Within the listing below, filter for "FLAGS" and copy every matching line.

=== RAW DATA ===

======

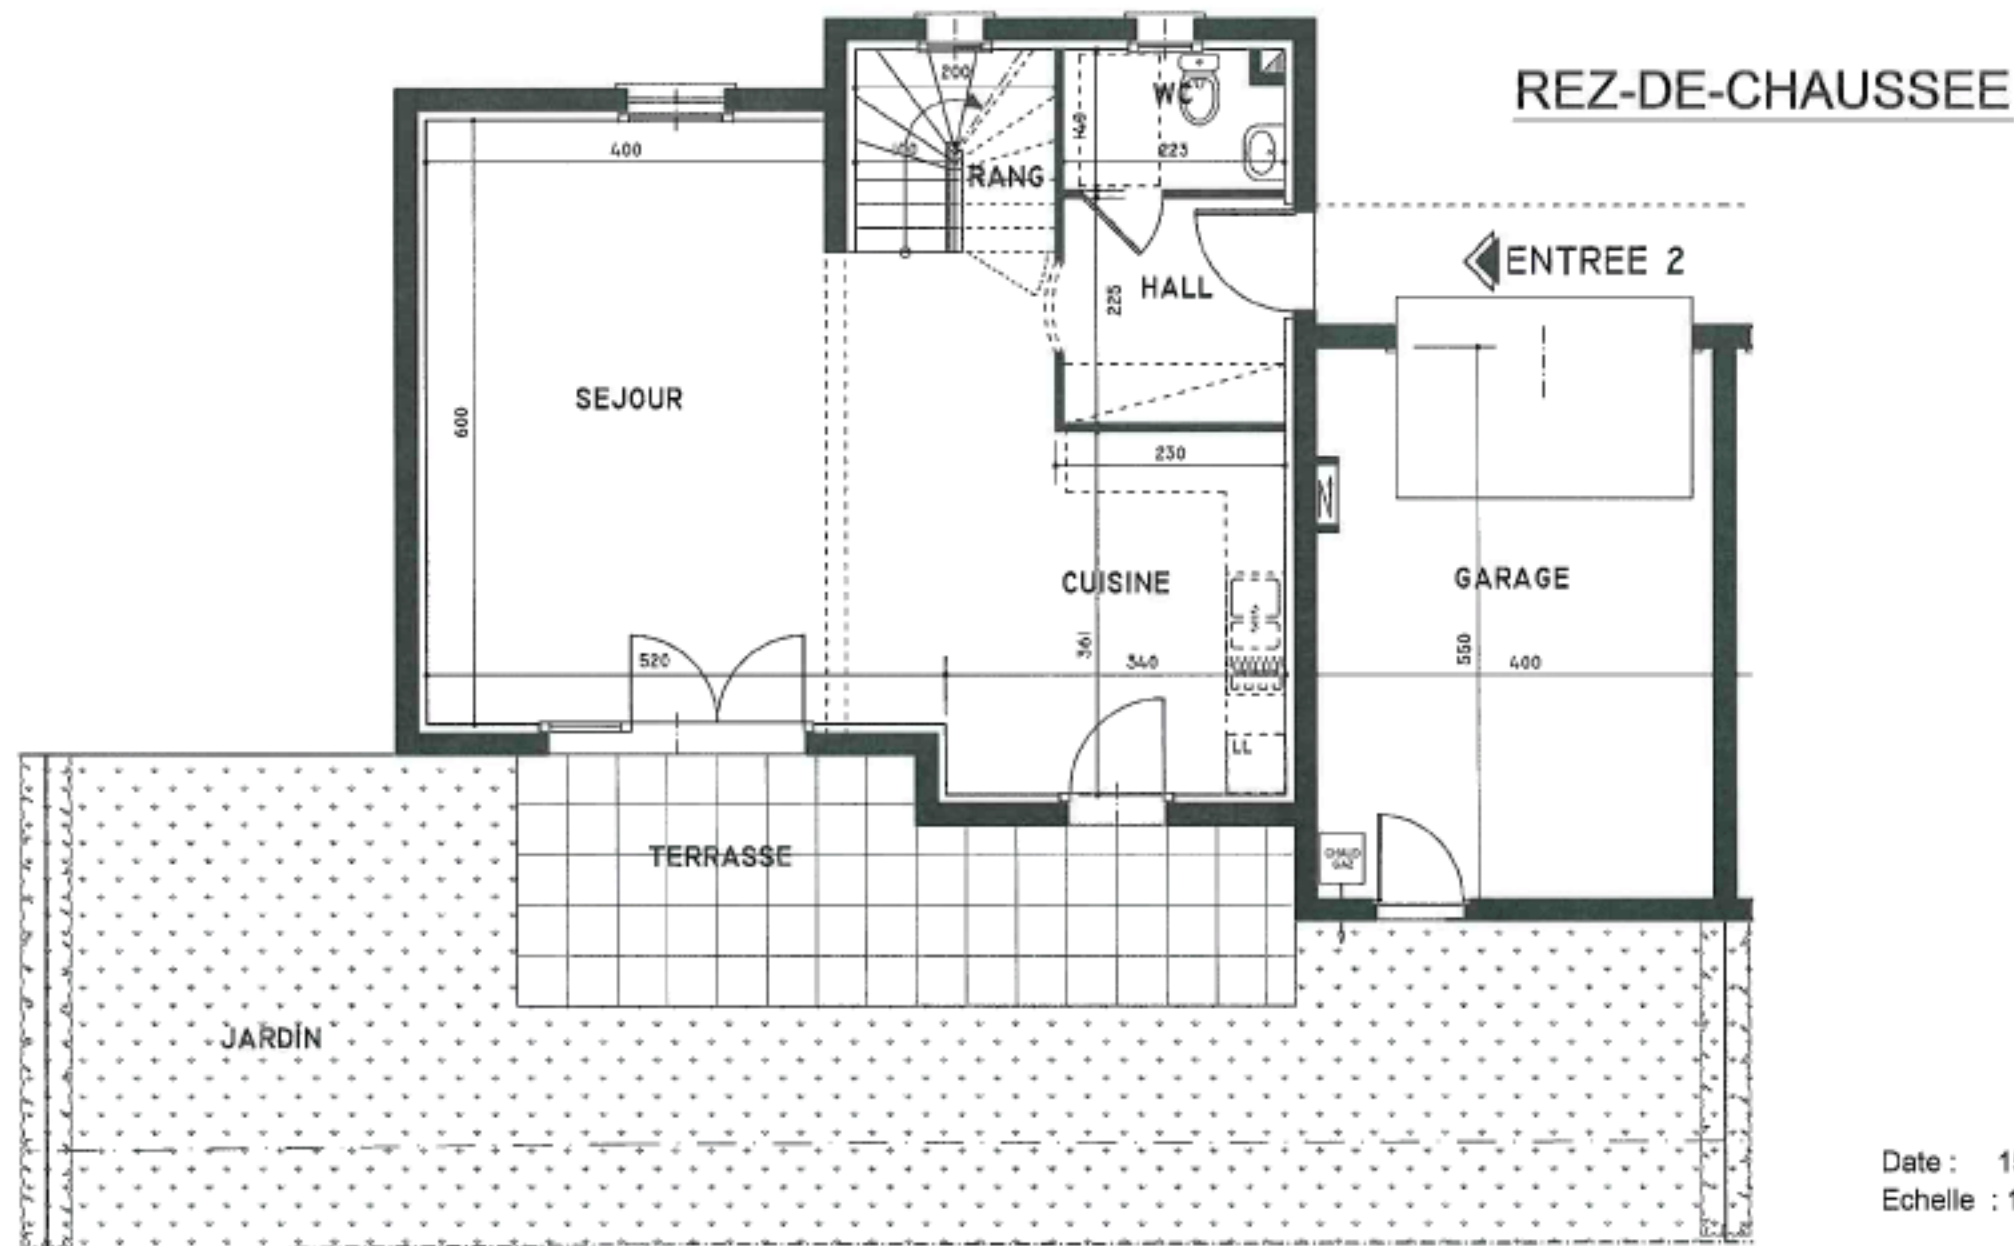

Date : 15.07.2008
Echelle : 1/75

======

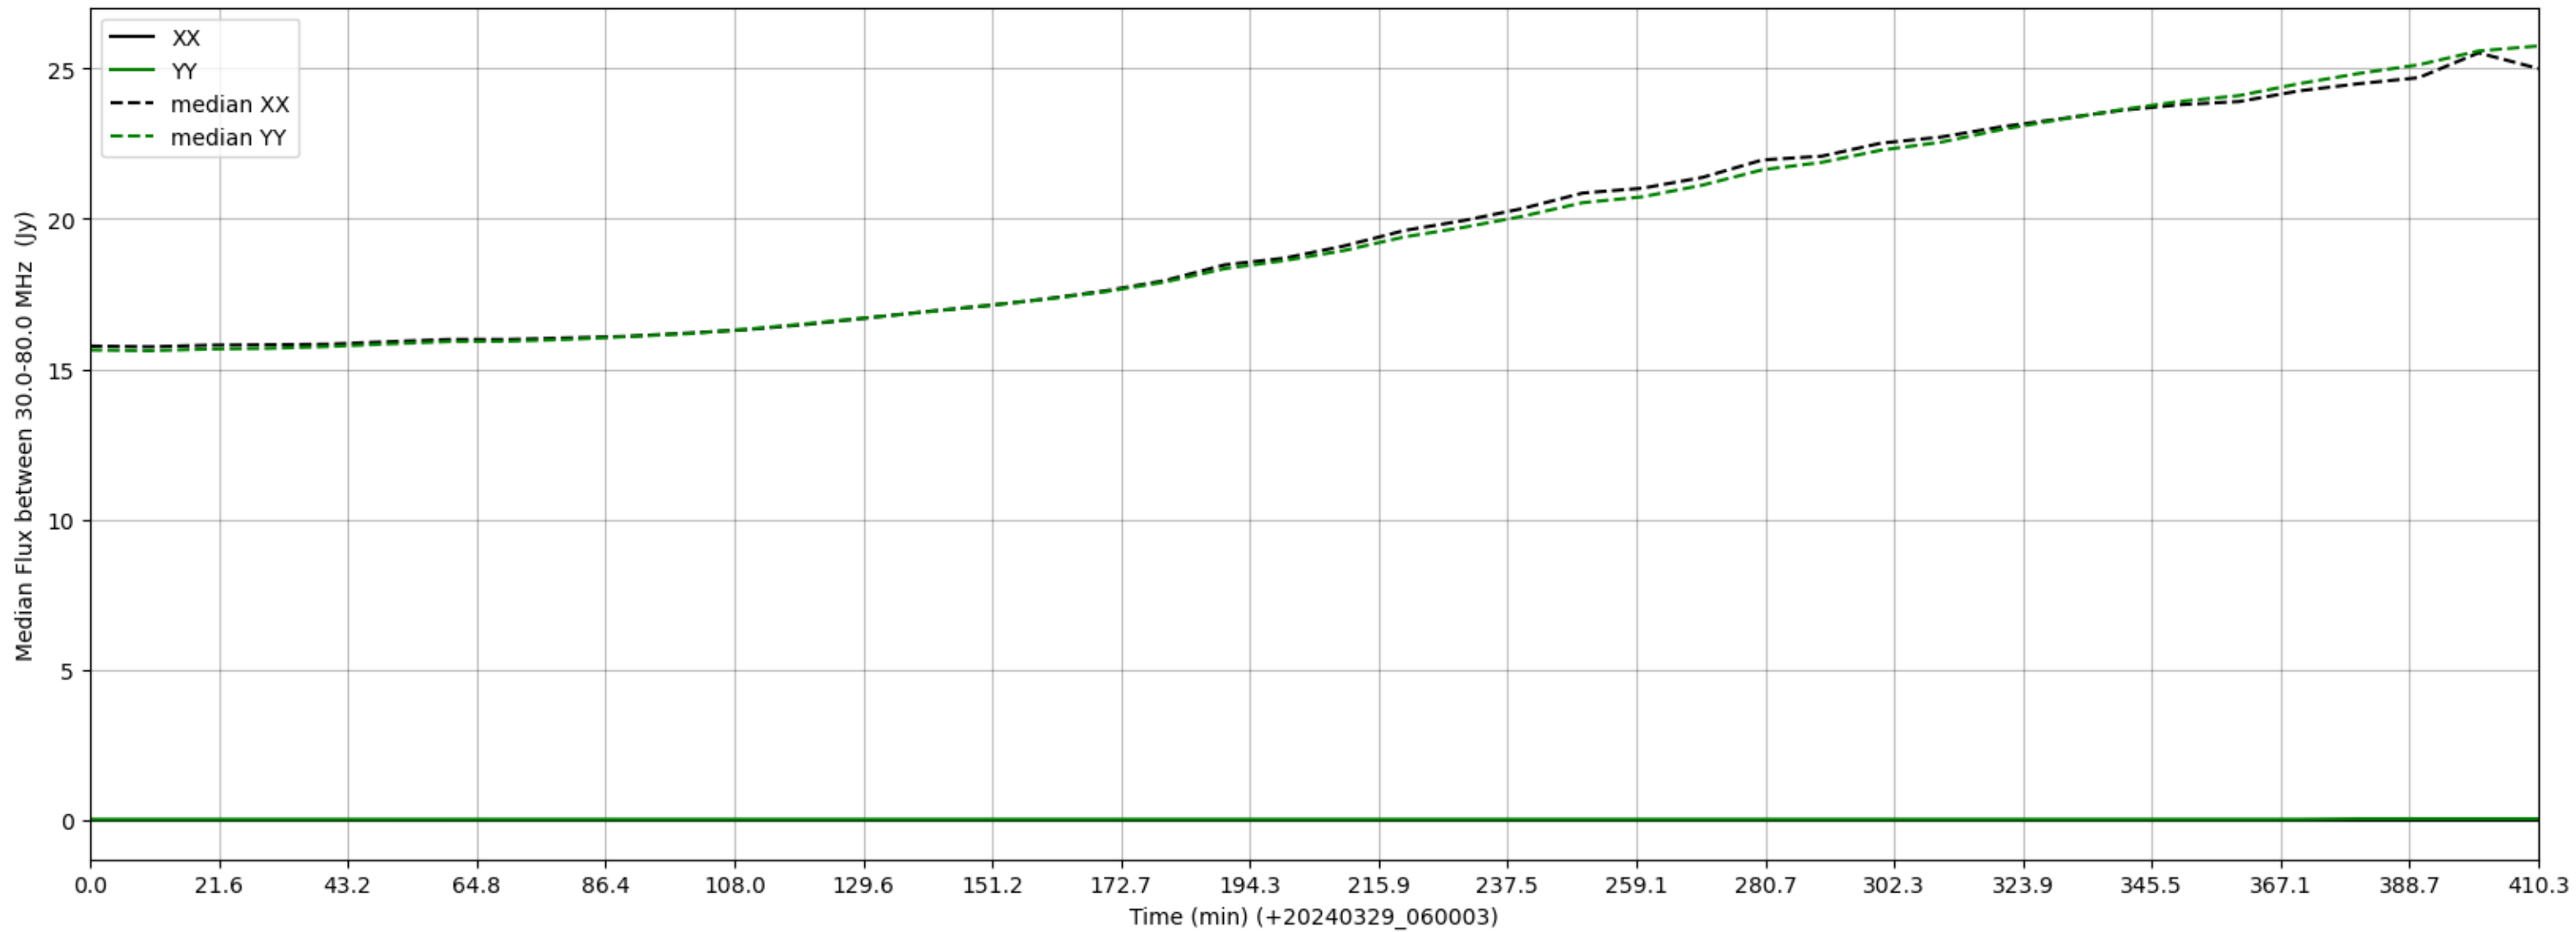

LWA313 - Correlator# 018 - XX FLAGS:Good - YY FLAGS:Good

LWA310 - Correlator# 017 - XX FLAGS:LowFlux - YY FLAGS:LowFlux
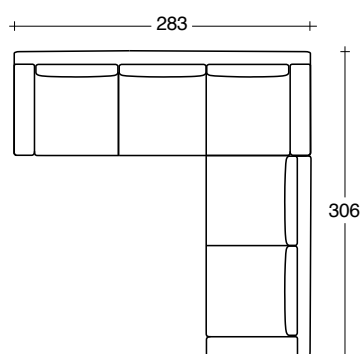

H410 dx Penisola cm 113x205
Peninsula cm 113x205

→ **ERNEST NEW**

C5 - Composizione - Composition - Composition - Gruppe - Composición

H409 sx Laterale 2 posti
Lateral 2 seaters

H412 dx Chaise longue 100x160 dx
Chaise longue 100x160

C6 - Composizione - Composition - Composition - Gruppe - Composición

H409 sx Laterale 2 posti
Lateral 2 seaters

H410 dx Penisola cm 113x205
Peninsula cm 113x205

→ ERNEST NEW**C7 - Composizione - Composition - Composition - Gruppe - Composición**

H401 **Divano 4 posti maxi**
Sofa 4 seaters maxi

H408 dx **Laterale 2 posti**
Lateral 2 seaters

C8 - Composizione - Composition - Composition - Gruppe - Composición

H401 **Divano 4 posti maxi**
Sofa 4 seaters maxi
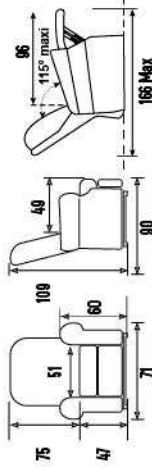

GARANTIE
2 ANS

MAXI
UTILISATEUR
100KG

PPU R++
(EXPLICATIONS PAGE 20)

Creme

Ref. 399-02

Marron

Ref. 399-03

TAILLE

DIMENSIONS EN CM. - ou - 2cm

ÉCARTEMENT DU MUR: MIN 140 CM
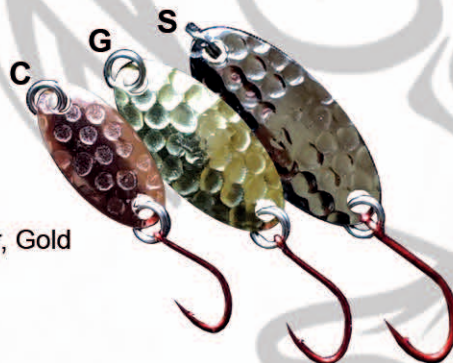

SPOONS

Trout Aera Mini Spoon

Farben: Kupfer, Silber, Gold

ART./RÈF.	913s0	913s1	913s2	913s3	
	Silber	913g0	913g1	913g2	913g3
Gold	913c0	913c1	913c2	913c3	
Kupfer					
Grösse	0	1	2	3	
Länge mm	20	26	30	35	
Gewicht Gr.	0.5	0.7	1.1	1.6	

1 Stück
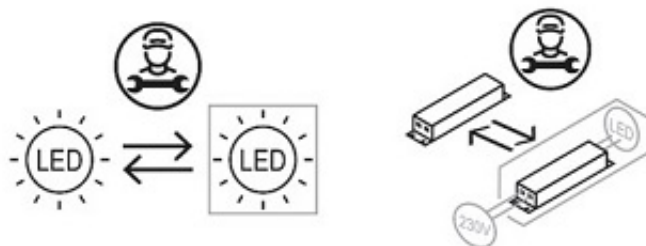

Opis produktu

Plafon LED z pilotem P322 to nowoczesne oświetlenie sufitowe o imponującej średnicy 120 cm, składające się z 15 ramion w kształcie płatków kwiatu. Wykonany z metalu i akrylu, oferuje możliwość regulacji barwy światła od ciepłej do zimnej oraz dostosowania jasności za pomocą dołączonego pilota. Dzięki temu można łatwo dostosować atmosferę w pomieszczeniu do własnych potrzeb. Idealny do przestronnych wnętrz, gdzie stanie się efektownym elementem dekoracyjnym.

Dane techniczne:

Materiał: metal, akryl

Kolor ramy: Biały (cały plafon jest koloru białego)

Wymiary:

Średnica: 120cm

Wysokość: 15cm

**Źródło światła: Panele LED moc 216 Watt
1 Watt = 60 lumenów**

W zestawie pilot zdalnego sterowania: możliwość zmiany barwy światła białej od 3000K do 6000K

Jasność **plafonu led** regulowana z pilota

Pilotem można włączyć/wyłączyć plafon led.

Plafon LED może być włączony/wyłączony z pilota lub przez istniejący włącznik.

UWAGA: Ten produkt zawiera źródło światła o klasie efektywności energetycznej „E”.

======

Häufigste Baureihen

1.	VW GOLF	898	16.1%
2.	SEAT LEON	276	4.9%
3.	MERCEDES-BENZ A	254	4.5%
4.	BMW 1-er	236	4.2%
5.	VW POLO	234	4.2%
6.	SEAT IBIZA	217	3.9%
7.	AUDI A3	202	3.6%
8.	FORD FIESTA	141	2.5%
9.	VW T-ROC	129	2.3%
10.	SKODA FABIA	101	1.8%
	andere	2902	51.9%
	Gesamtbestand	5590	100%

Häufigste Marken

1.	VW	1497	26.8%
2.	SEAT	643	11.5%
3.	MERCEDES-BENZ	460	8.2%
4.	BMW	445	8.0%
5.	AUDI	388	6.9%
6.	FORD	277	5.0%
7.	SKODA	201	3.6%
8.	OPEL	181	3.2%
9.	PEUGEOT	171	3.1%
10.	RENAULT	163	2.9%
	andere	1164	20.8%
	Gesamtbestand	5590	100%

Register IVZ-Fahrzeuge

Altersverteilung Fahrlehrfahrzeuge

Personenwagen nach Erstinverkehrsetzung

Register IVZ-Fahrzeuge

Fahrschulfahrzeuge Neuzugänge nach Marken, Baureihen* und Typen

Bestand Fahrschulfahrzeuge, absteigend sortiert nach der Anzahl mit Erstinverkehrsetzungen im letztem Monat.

======

=== RESPONSE TO THIS TASK ===
LWA313 - Correlator# 018 - XX FLAGS:Good - YY FLAGS:Good
LWA310 - Correlator# 017 - XX FLAGS:LowFlux - YY FLAGS:LowFlux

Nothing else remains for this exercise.